- What needs to be done
State the number of lines in these records that include the word "Lokalruter", and add nothing to it.

- Available data
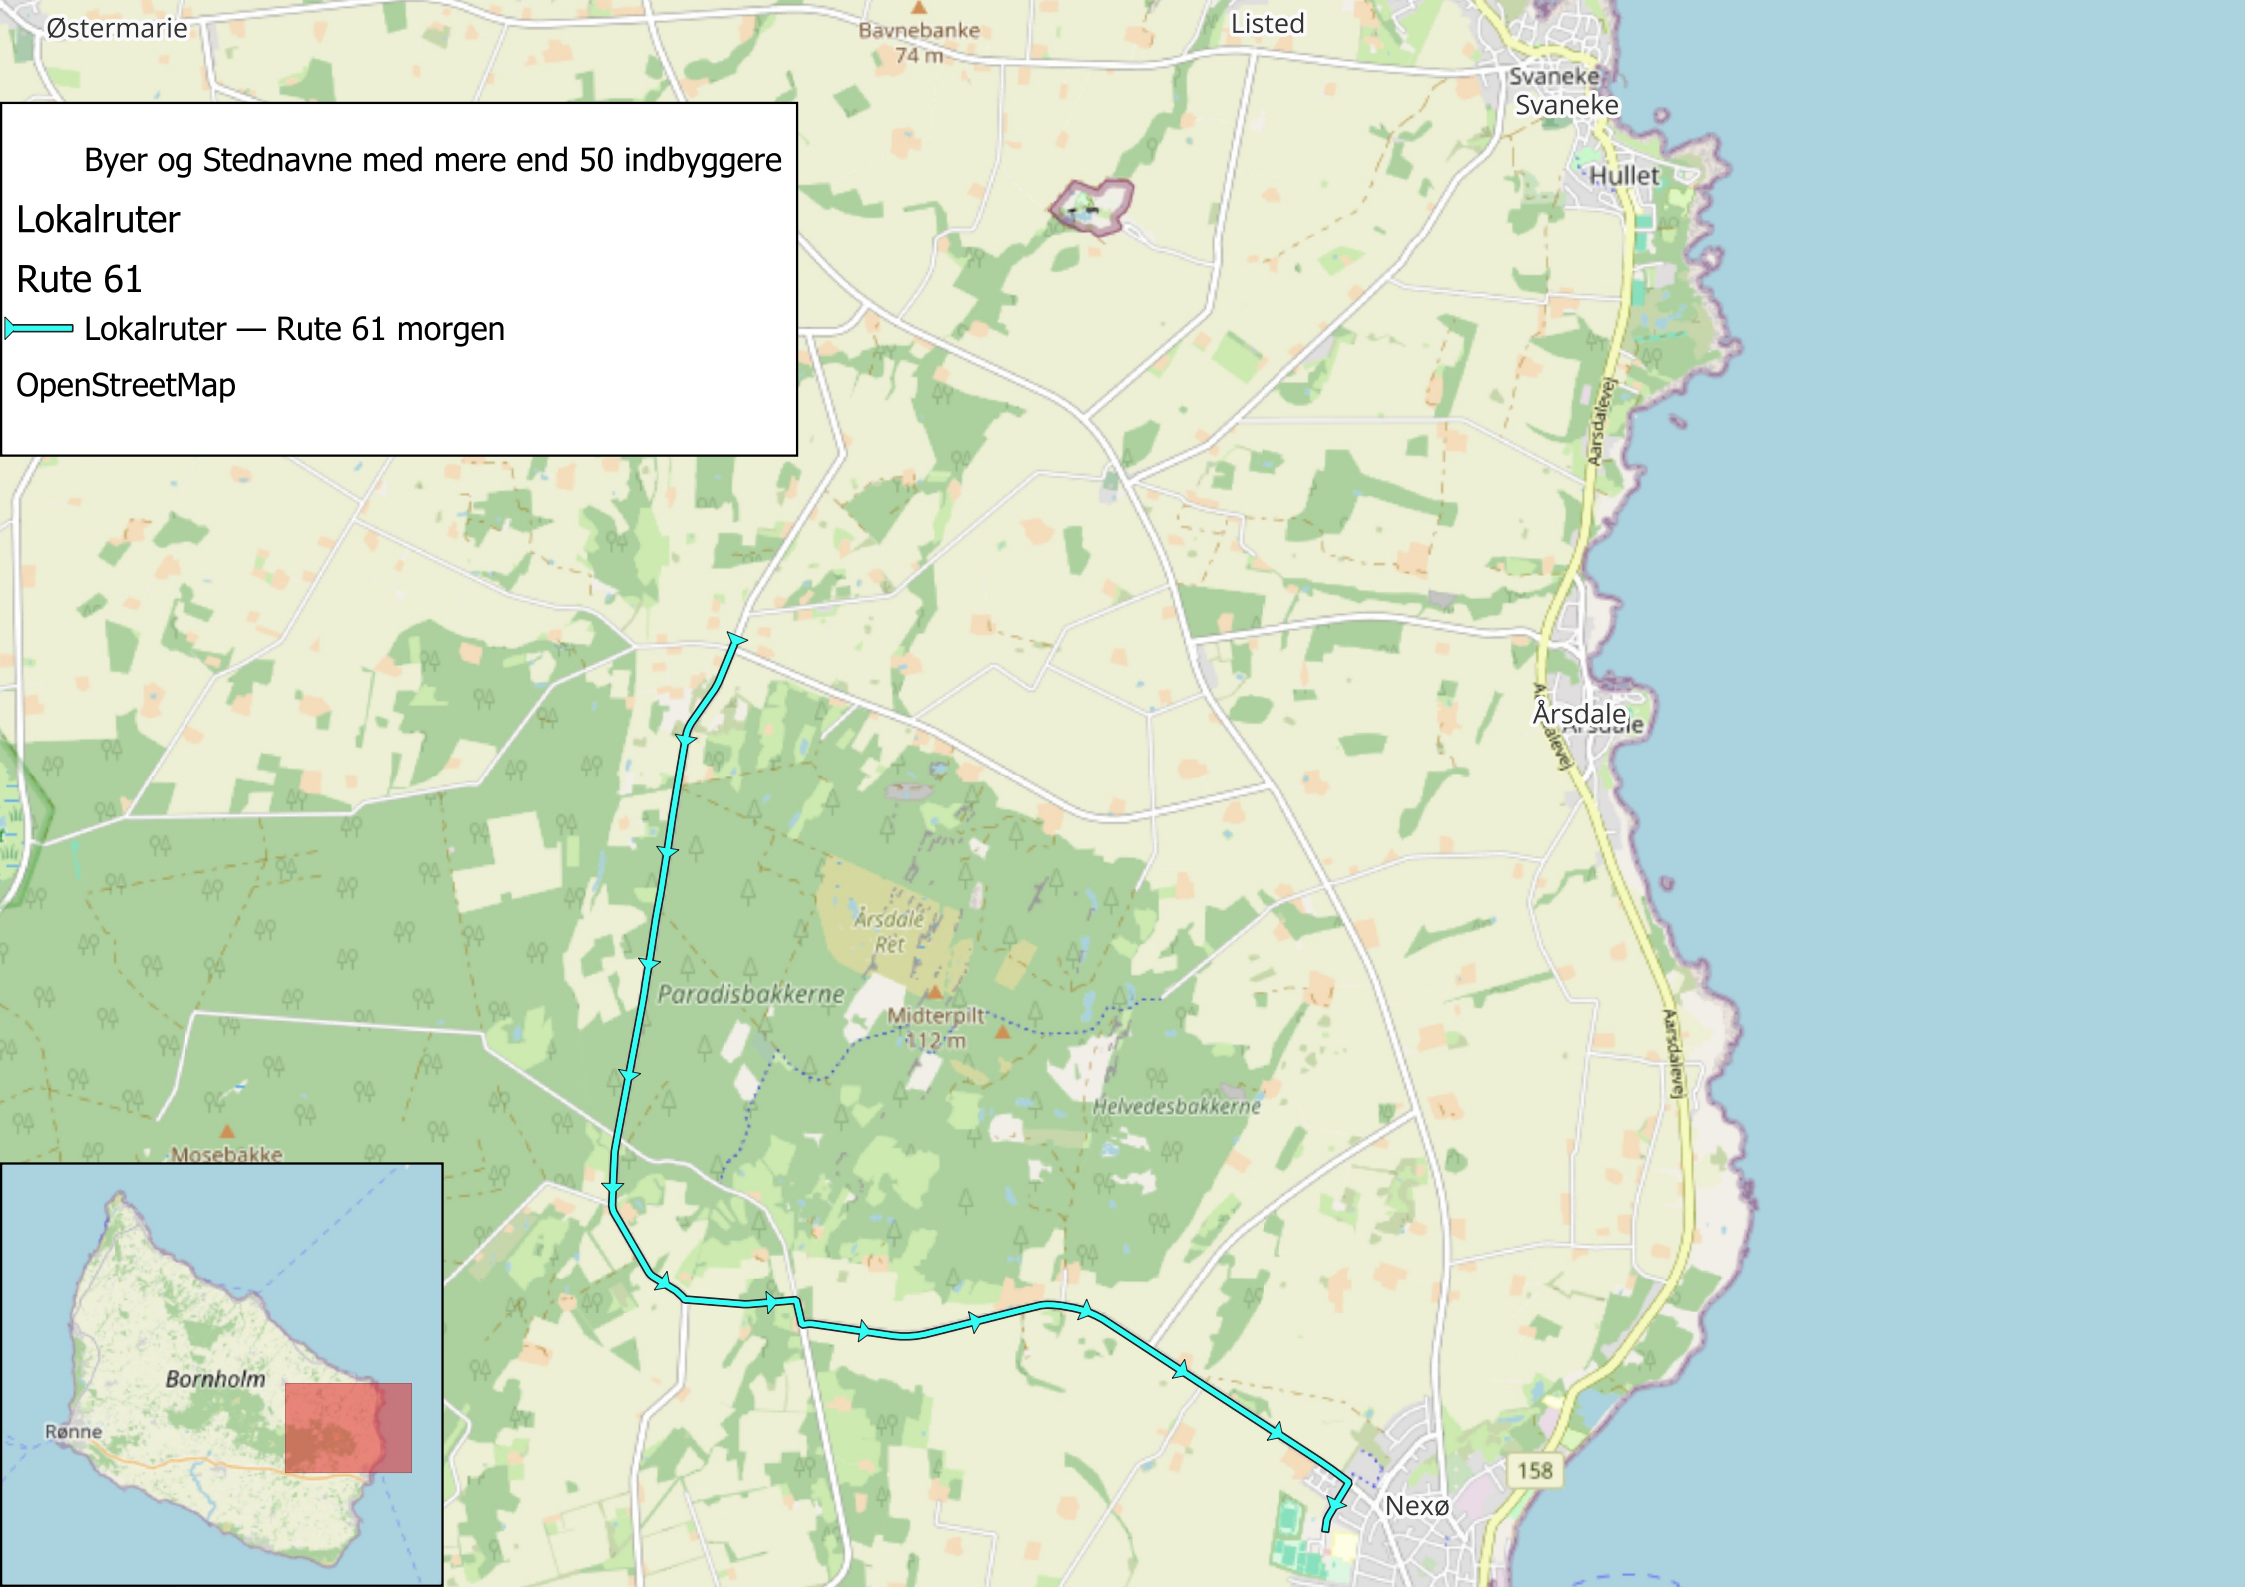

Zone		Mandag - Fredag	10/08/26, 18/12/26, 25/06/26
42	Lindholmsvej v. Paradisbakkevejen	af 7.23 .... ..	7.23 .... ..
43	Dalevejen / Plantagevej	7.27 .... ..	7.27 .... ..
53	Paradisbakkeskolen	an 7.35 .... ..	7.35 .... ..

Byer og Stednavne med mere end 50 indbyggere

Lokalruter

Rute 61

— Lokalruter — Rute 61 morgen

OpenStreetMap

Byer og Stednavne med mere end 50 indbyggere

Lokalruter

Rute 61

— Lokalruter — Rute 61 middag

OpenStreetMap

- Solution to the exercise
4